Classic confinement for autotrash

I want to add snap with classic confinement because program needs access to user trash directory. Snap name is “autotrash-unofficial” and it is under manual review.

Classic confinement should not be required - instead please try using the personal-files interface for access to ~/.local/share/Trash

The problem is when I use strict confinement $HOME is set to ~/snap/autotrash-unofficial/current/. If I set permissions to ~/.local/share/Trash by personal-files interface program still can’t find Trash dir because of $HOME environment which is pointing to wrong dir, not a real home directory. Is there any solution to change $HOME environment variable to real user home dir?

so set $HOME to the actual homedir from a wrapper :wink:

Overriding works by:

...
environment:
      HOME: /home/$USER
...

Need connect plug by snap connect ...

Note that works but you will have better future compatibility if you do something like this instead: export HOME=$(getent passwd $(id -u) | cut -d ':' -f 6)

But how to embed that script?

I read docs and can’t find any way to change $HOME environment var with a script as @jdstrand said at runtime. I can set it in build time but not in runtime.

just use a wrapper script for your app that sets it …

“Just use a wrapper” is a horrible pattern, I wish we could get away from.
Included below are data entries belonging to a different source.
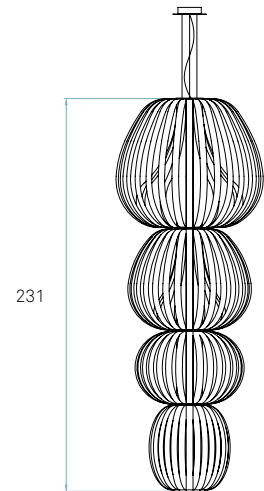

231

Details

Input Voltage	Luminous Flux	CRI	Watt.	CCT	Lifetime (L70)
120 - 277V	N/A	90	90 W	3000 K	40000h
220 - 240V					

ø 86
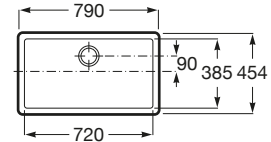

Riga

Riga 70

Novedad

Fregadero de una cubeta. Incluye válvulas 3 1/2" y sifón.

Ref. A880220..0
449,00 €

Medida externa: 790 x 454
Medida cubeta: 720 x 385
Profundidad cubeta: 200
Medida mueble para fregadero: 80 cm

Riga 50

Fregadero de una cubeta. Incluye válvulas 3 1/2" y sifón.

Ref. A880150..0
393,00 €

Medida externa: 550 x 430
Medida cubeta: 490 x 370
Profundidad cubeta: 200
Medida mueble para fregadero: 60 cm

Riga 40

Fregadero de una cubeta. Incluye válvulas 3 1/2" y sifón.

Ref. A880140..0
351,00 €

Medida externa: 450 x 430
Medida cubeta: 390 x 370
Profundidad cubeta: 200
Medida mueble para fregadero: 50 cm

Opcionales

Dispensador de jabón
encastrable
Ref. A861104000
71,30 €

450 x 300 mm
Tabla de corte de cristal
negro Riga
Ref. A868200000
72,50 €

450 x 450 mm
Rollmat inoxidable
enrollable
Ref. A862190000
43,20 €

It’s odd that setting environment or command-chain can’t be used to do this simple thing either. Neither of these work:

apps:
  my-snap-name:
    command: /bin/bash -c "echo hello world $HOME"
    environment: 
      HOME=$(getent passwd $(id -u) | cut -d ':' -f 6
apps:
  my-snap-name:
    command: /bin/bash -c "echo hello world $HOME"
    command-chain: [HOME=$(getent passwd $(id -u) | cut -d ':' -f 6]
1 Like

… but (as you found) currently the only working way …

It’s a bug that should be reported and fix then?
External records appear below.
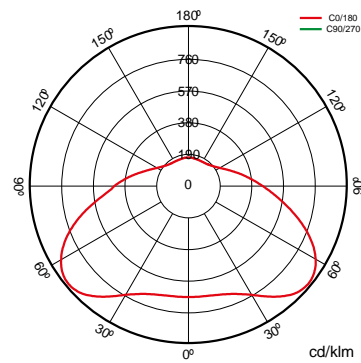

Specifications (Series luminaires)

	Electrical isolation	CIII
	Voltage (V)	230V
	Dimming	No
K	Colour temperature	3000K-4000K
	CRI Colour rendering index	>80
	Measures	493x232x58mm
	Operating temperature	-
	Lifetime	(L70B50>)35.000h

References

	W	K			
590624	15W	3000K	>80	(L70B50>)35.000h	493x232x58mm
590631	15W	4000K	>80	(L70B50>)35.000h	493x232x58mm

Dimensions

Photometry

590686

ACCESORIO DRACO
MONTAJE POSTE
40-60MM

590648

ACCESORIO DRACO
MONTAJE BACULO
Ø40-50MM

i think it is actually considered a security feature that you cant fill environment vars from random script lines … perhaps @jdstrand could give us some hint …
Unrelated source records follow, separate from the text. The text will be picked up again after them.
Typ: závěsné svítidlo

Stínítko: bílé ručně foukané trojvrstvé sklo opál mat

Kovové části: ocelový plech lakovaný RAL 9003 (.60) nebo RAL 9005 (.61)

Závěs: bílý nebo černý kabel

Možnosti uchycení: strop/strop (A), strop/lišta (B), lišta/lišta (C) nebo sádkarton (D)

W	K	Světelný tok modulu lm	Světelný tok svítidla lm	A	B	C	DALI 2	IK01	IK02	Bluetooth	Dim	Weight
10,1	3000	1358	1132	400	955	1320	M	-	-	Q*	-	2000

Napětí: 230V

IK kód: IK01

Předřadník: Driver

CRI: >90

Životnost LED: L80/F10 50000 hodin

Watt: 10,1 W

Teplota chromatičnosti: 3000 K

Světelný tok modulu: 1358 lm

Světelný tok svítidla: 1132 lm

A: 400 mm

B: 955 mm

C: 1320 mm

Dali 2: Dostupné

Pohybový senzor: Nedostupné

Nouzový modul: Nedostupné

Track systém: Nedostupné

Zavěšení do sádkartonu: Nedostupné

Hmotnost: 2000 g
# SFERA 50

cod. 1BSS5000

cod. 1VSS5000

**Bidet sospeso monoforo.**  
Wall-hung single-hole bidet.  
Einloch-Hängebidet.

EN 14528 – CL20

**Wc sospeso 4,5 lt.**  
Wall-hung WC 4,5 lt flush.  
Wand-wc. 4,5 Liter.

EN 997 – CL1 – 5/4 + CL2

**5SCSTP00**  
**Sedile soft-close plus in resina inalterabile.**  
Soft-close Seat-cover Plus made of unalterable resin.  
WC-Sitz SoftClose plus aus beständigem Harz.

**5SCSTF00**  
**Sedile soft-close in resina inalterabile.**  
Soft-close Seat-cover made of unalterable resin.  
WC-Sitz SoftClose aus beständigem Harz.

I will try wrapper script but I also think that is the wrong way to do it.

For the specific case of $HOME, perhaps there could be a snapcraft.yaml opt-in option to declare that this app should have it’s HOME env var set to the “real one”, but in general I don’t think we want to support embedding scripts like that into the command and/or environment as it’s difficult to read, for example does that mean run this at build-time or at run-time? it’s not clear just from reading the code what the right thing to do is. but snapcraft (or maybe snapd, but implementing in snapcraft is probably easier/quicker) could certainly have an option that “does the right thing for the HOME env var” and generate a command-chain or something that does the equivalent since it seems to be a common misunderstanding for snap authors. Maybe even an extension could do something like this?

I think we would want to have snap-exec honor something declarative in the snap.yaml that allows some flexibility but not ultimate flexibility so that things can be predictable for people. snap-exec runs under confinement and anything it sets in the environment will only affect things running under that confinement, so there aren’t any security concerns (assuming correct coding, it should be the equivalent of what a wrapper could do after all). We could just have snap-exec treat ‘HOME’ specially in the environment stanzas. Eg:

Eg:

name: foo
...
environment:
  HOME: SYSTEM_HOME

apps:
  foo:
    command: foo
    environment:
      HOME: SNAP_USER_DATA
  bar:
    command: bar
    environment:
      HOME: SNAP_COMMON/dir
  baz:
    command: baz

With this, snap-exec looks at environment/HOME for the command and so ‘baz’ gets set to whatever is in /etc/passwd (ie, the real HOME), ‘foo’ gets set to $SNAP_USER_DATA (the current default) and ‘bar’ gets set to $SNAP_COMMON/dir.

2 Likes

+1 from me - I think this would be a great addition and much better than random wrapper scripts etc.